Metagenomics virus detection

_images/televir_logo.png

The TELEVIR bioinformatics component of INSaFLU is a modular pipeline for the identification of viral sequences in metagenomic data (both Illumina and ONT data).

It is composed of these main steps (detailed in https://insaflu.readthedocs.io/en/latest/bioinformatics_pipeline.html#metagenomics-virus-detection):

  1. Read quality analysis and improvement [optional].

  2. Extra filtering [optional].

  3. Viral Enrichment [optional].

  4. Host Depletion [optional].

  5. De novo Assembly of the reads [optional].

  6. Identification of the viral sequences.
    • Using reads.

    • Using contigs (if assembled).

    • Using several reference databases.

  7. Selection of viral TAXID and representative genome sequences for confirmatory re-mapping.

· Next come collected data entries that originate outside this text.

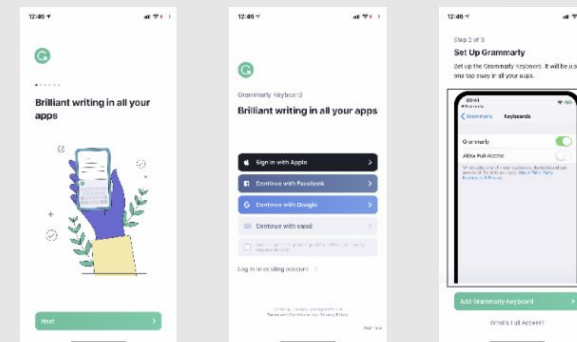

- Spurs Keyboard:** Features the Tottenham Hotspur logo. The screen shows a three-step setup process with step 1 highlighted. A text box instructs the user to "Enable Spurs Keyboard" in the "Language & Input" settings. The button is labeled "Enable in settings".
- Keemoji (Colorful House):** Features a colorful house icon. The screen displays the text "Welcome to Keemoji with Gesture Typing". The button is labeled "Get started".
- reach tv:** Features the reach tv logo. The screen displays the text "WELCOME TO KEEMOJI with Gesture Typing". The button is labeled "Get started".
- MTN:** Features the MTN logo. The screen displays the text "Welcome to Keemoji with Gesture Typing". The button is labeled "Get started".

Результат

1. Выглядит свежо и современно
2. Клавиатура стала сложнее, а пользователю основные фишки так и не показали.

UX-
исследовани
я

Анализ конкурентов

Gboard

(8 clicks)

Splash screen

Grammarly

(10 clicks)

Splash screen

Swiftkey

(11 clicks)

Splash screen

Typewise

(6 clicks)

Splash screen
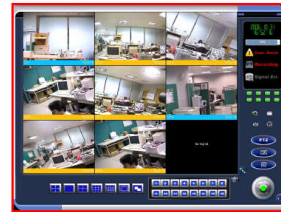

## Professional H.264 DVR System

**A1 SkyView Linux Series** is one of our high-end H.264 DVR systems from our product line. It supports up to 16 video channels with a crystal clear high-res picture quality displaying in realtime and a recording rate of 240 frames per second. The high compression H.264 CODEC provides more recording time with the same size hard disk drive than the previous MJPEG CODEC. The built-in video motion detector logic helps the DVR system from storing unnecessary video. By connecting the DVR to the Internet, you are able to view live or archived videos from a remote location. Or you can connect to multiple DVR's from different locations and view them all at the same time.

**Unique DUAL MONITOR** function is more than just watching live images on two screens at the same time. Both monitors can be configured to display independent images for security purposes. While monitor one is event searching in the office, the second monitor is out at the POS displaying live image, customers therefore can only view those live images, proving that there are cameras installed. Stop theft before it happens.

### Drag and Drop

The most convenient and time saving way to reposition the channel position. You can also *lock/clear* the display status as desired. Assigning any channel to display specific or any image by Right Click on the screen. Each channel can be displayed in multiple locations.

### **Rear Panel Connectors:**

Camera Inputs .....	4 / 8 / 12 / 16 BNC
Audio Inputs .....	1
VGA Output .....	1 VGA; 1 DVI-I
Analog Output .....	Audio Jack Connector
Keyboard .....	PS/2
Mouse .....	PS/2
USB2 Interface .....	Four
Network Host Interface .....	10/100/1000 TCP/IP Ethernet
Serial Port .....	One, RS-232, DB9-P
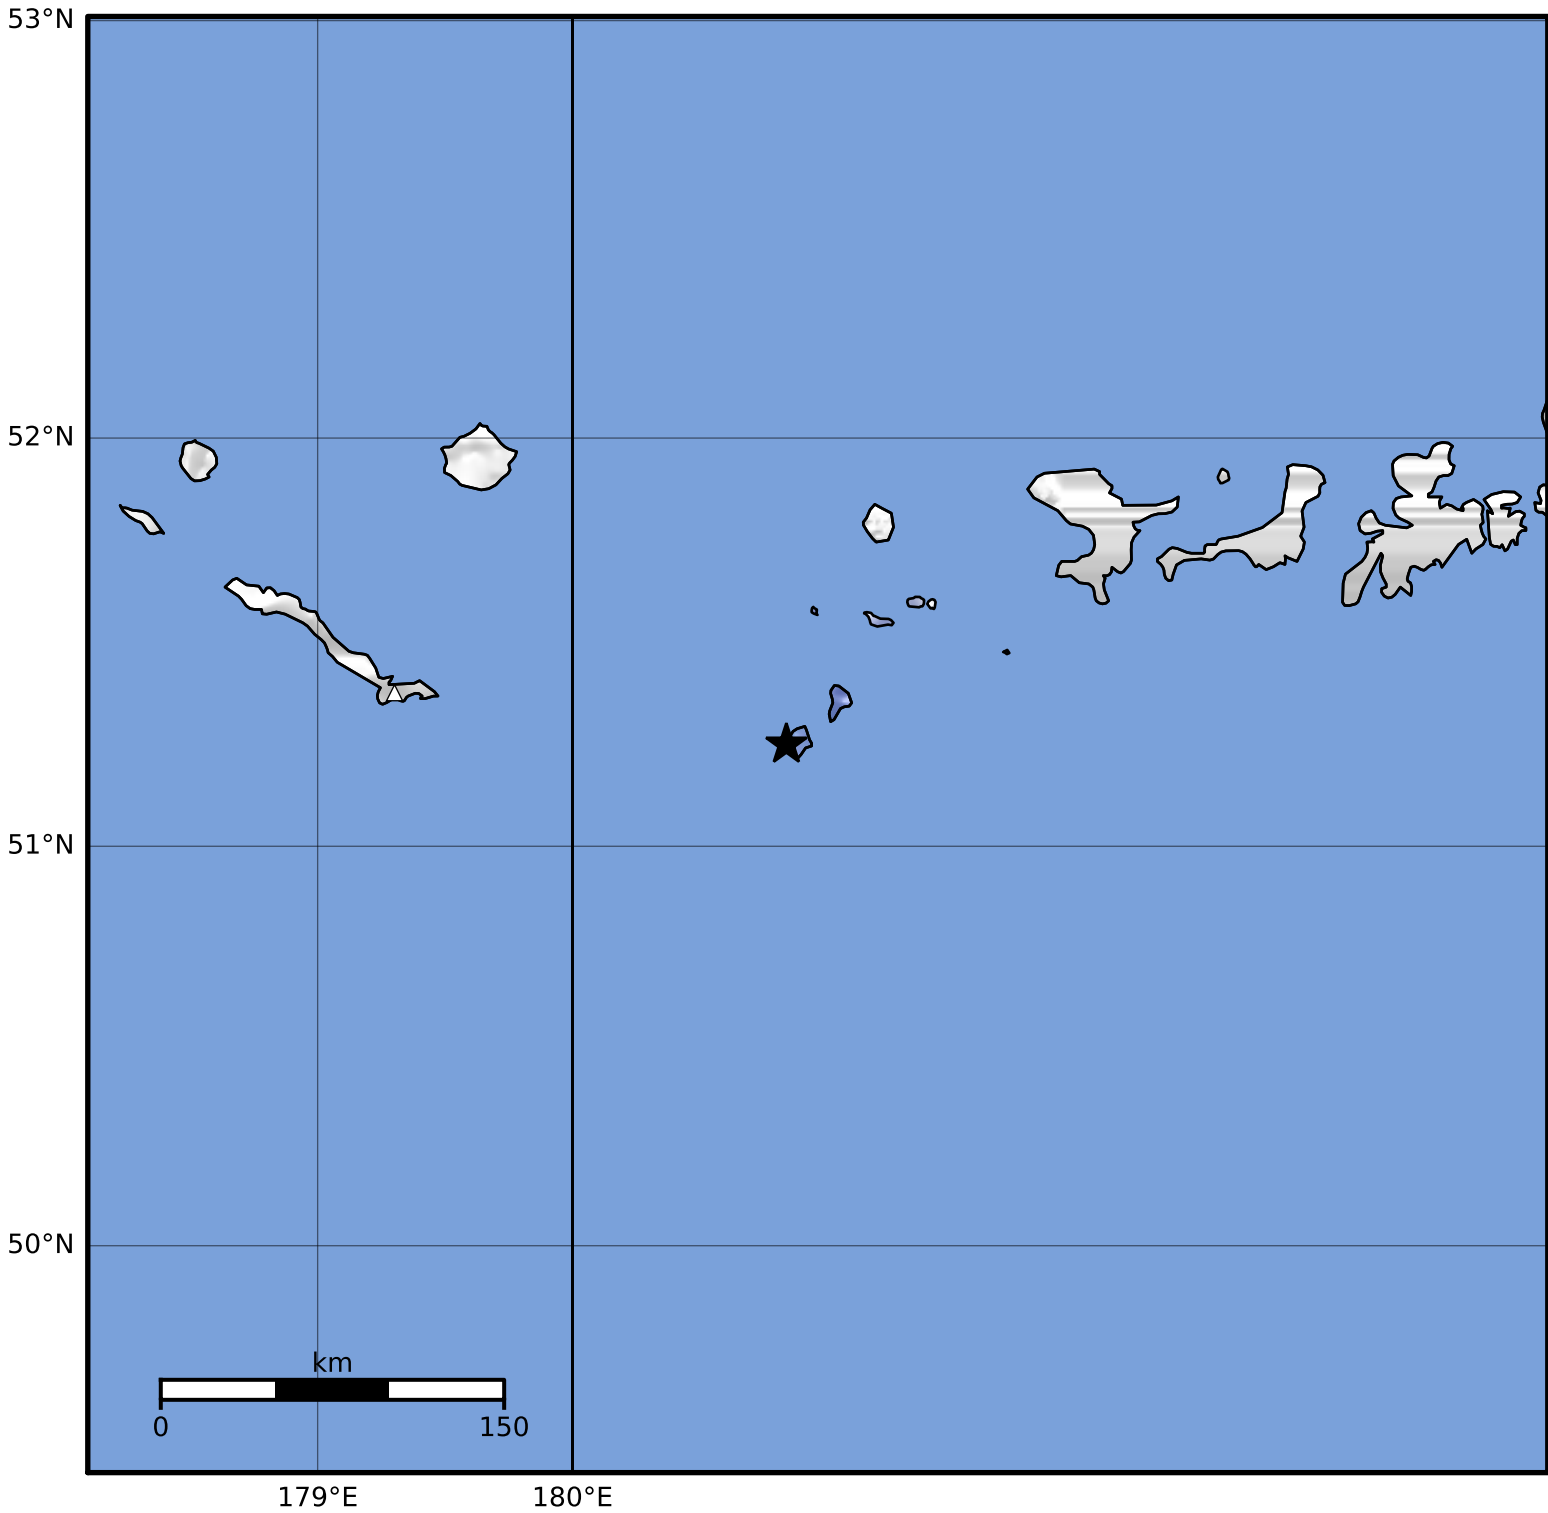

Macroseismic Intensity Map Alaska Earthquake Center  
 ShakeMap: 131 km (81 miles) ESE of Amchitka  
 Jul 25, 2023 07:17:20 UTC M3.6 N51.25 W179.16 Depth: 24.6km ID:ak0239gsz7s0

| SHAKING   | Not felt | Weak          | Light     | Moderate   | Strong    | Very strong | Severe         | Violent   | Extreme    |
|-----------|----------|---------------|-----------|------------|-----------|-------------|----------------|-----------|------------|
| DAMAGE    | None     | None          | None      | Very light | Light     | Moderate    | Moderate/heavy | Heavy     | Very heavy |
| PGA(%g)   | <0.0464  | 0.297         | 2.76      | 6.2        | 11.5      | 21.5        | 40.1           | 74.7      | >139       |
| PGV(cm/s) | <0.0215  | 0.135         | 1.41      | 4.65       | 9.64      | 20          | 41.4           | 85.8      | >178       |
| INTENSITY | <b>I</b> | <b>II-III</b> | <b>IV</b> | <b>V</b>   | <b>VI</b> | <b>VII</b>  | <b>VIII</b>    | <b>IX</b> | <b>X+</b>  |

Scale based on Worden et al. (2012)

Version 4: Processed 2023-07-25T17:20:29Z

△ Seismic Instrument ○ Reported Intensity

★ Epicenter

  8. Remapping of the viral sequences against selected reference genomes.

  9. Reporting.

The following table provides an overview on all TELEVIR moules and outputs:

TELEVIR_current_modules_and_outputs_2023-10-20.xlsx

Below, you can find instructions on how to create a TELEVIR project, run samples and visualize/intrepret the results.

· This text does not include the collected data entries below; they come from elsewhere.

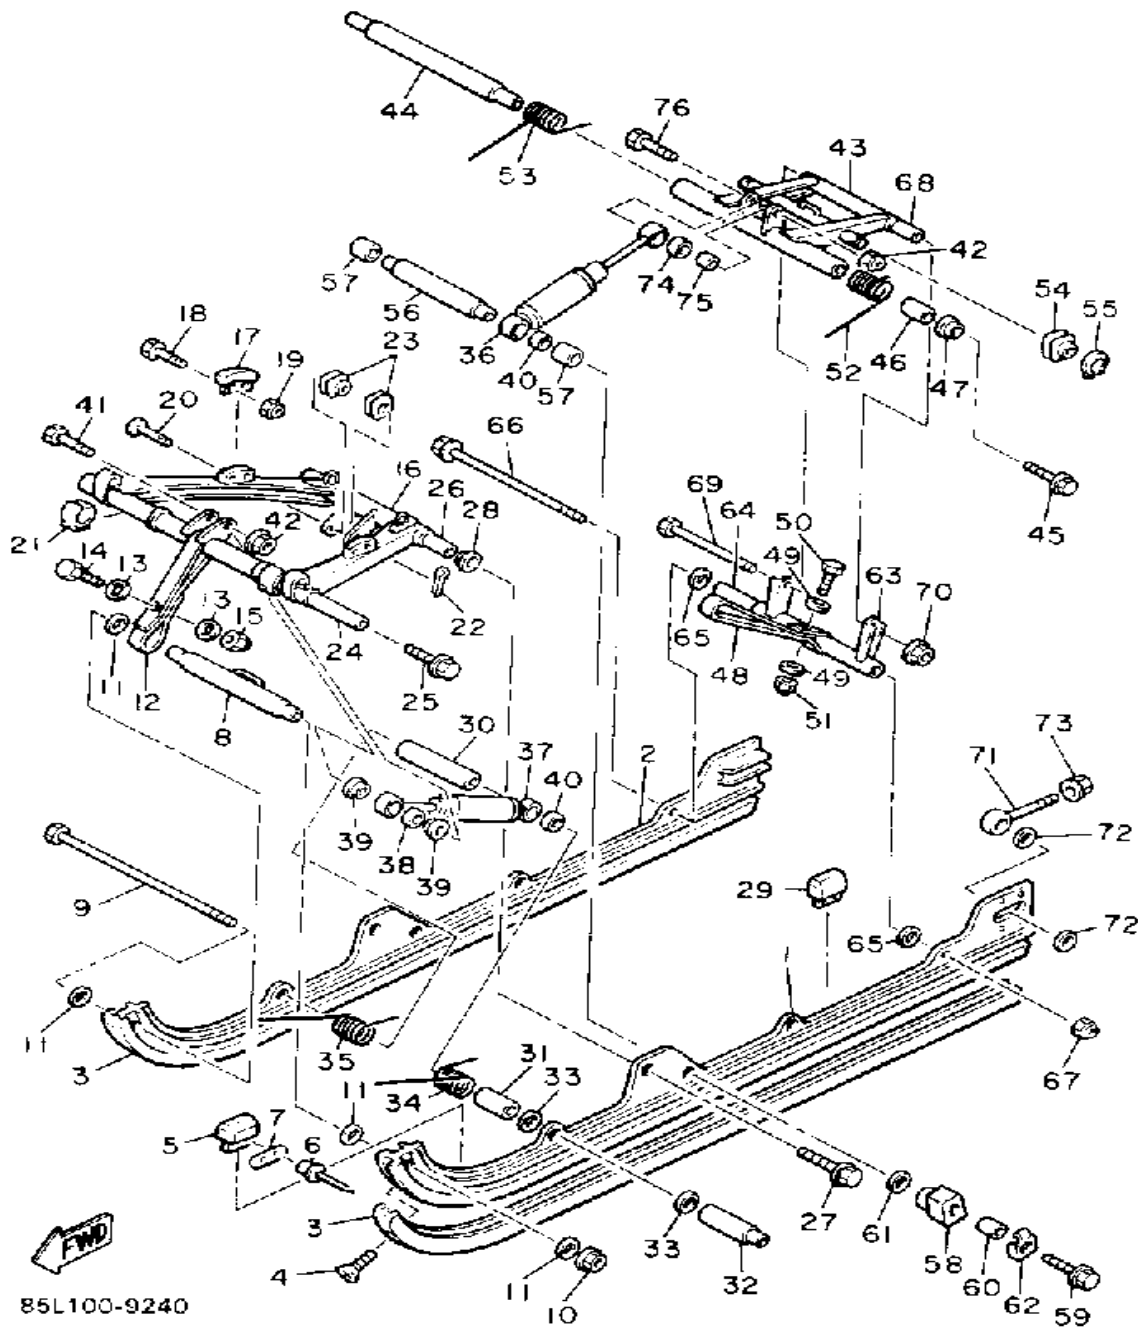

TRACK SUSPENSION 2

Ref. No.	Part Number	Description	Qty	Remarks
56	83T-47486-00-00	SHAFT 4	1	
57	8Y3-47319-00-00	COLLAR	2	
58	85K-47447-01-00	HOOK 2	2	
59	95811-10060-00	BOLT, FLANGE	2	
60	90387-103U7-00	COLLAR	2	
61	90201-100L3-00	WASHER, PLATE	2	
62	84J-47467-00-00	PLATE, GUIDE	2	
63	8V0-47417-00-00	BRACKET 3	1	
64	90387-08632-00	COLLAR	1	
65	90201-08649-00	WASHER, PLATE	2	
66	95822-08250-00	BOLT, FLANGE	1	
67	95601-08200-00	NUT, U	1	
68	90387-084J9-00	COLLAR	1	
69	97022-08165-00	BOLT	1	
70	95712-08300-00	NUT, LOCK	1	
71	8K2-47479-01-00	COLLAR 3	2	
72	90201-20279-00	WASHER, PLATE	4	
73	95701-10300-00	NUT, FLANGE (95702-10300)	2	
74	90380-12161-00	BUSH, SOLID	1	
75	90387-084R5-00	COLLAR	1	
76	97022-08040-00	BOLT (83L)	1	

Property of www.SmallEngineDiscount.com - Not for Resale
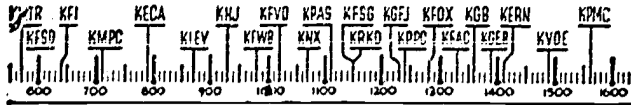

YOUR RADIO TODAY

[The information contained in this schedule is furnished by the stations broadcasting the program]

SUNDAY CHURCH SERVICES

Time	Station/Service	Station/Service	Station/Service
7 A.M.	KFWB—E'yman's Church	KGER—Pentecostal	KNX—Air Church
7:30 A.M.	KFVD—Rev. Salas	KRKD—Rev. Squires	
8 A.M.	KFVD—Rev. Salas	KNX—Air Church (8:05)	KFAC—Country Church
8:15 A.M.	KMPC—J. E. Wainwright		
8:30 A.M.	KFWB—Rescue Mission	KPAS—Immanuel Baptist	KMTR—W. B. Record
9 A.M.	KFAC—Liberal Catholic H		
9:15 A.M.	KGER—March Ahead Time		
9:30 A.M.	KPPC—Bible Class	KPAS—Immanuel Temple	
10 A.M.	KNX—Air Church	KMPC—Wesley League	
10:15 A.M.	KFOJ—Independ. Church		
10:30 A.M.	KPPC—Church News	KFSG—Aimee McPherson	KGER—Heralds of Hope
		10:45 A.M.	KPAS—Christian Church
			4:30 P.M.
		11 A.M.	KGER—Colonial Tabernac
			KMTR—Bible Treasury
			5 P.M.
			KPAS—Lincoln Presby. Ch
			5:30 P.M.
			KFOJ—Lutheran Church
			KGER—Rev. Weber
			KPAS—Helen Markham
			6 P.M.
			KPAS—Holliston Methodist
			6:30 P.M.
			KFOJ—Rev. Ivie
			KGFJ—Tabernacle
			KPAS—Beyond Tomorrow
			7 P.M.
			KFSG—Aimee McPherson
			8 P.M.
			KMTR—Floyd B. Johnson
			KGFJ—Bethel Church
			KFWB—Presbyterian Ch.
			KPAS—Church Open Door
			KFAC—Methodist Church
			9:30 P.M.
			KGFJ—Boyd Johnston
			KFWB—Pacific Lutheran
			KFAC—"Glorious Hope"
			KMTR—Lutheran Church
			KFSG—Wendell St. Clair
			9:45 P.M.
			KMTR—Lutheran Church

TELEVIR Projects - How to create and run a metagenomics virus detection project

Within the TELEVIR Projects menu:

1. Go to Projects menu and choose Create project

For enhanced sample comparison and output interpretation, users are encouraged to create different TELEVIR projects for different metagenomics sequencing run.

_images/25_create_TELEVIR_project.gif

2. Add a Name and Description, Choose the Sequencing technology and Save

_images/televir_project_create.png

After creating a project, and before adding/running samples, please:.

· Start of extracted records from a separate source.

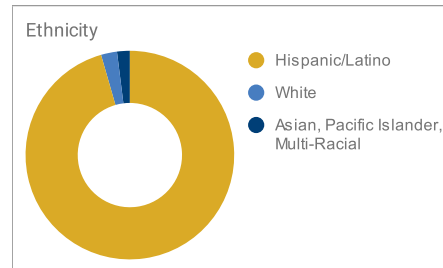

St. Thomas More Catholic School

2024-25 Snapshot Report

Web: www.stmoregb.com
 Principal: Dr. Jamie Tyrrell
 Email: jtyrrell@gracesystem.org
 Phone: 920-432-8242

Students

202
Students

91%
Catholic

89%
Parishioners

3. Select the Workflow and Software to be run

As there is no “one-size-fits-all” bioinformatics pipeline that can detect all viruses, the TELEVIR module was designed to allow users to easily run complex workflows simultaneously (covering several combinations of classification algorithms, databases and parameters, etc).

Workflows and parameters can be changed at the global level, through the settings menu, or specifically for an existing project by clicking the “Magic Wand” icon on an existing project’s listing in the TELEVIR Projects page. Project settings will apply only to deployments within that project. Conversely, Global settings apply only to projects that have not had their settings changed.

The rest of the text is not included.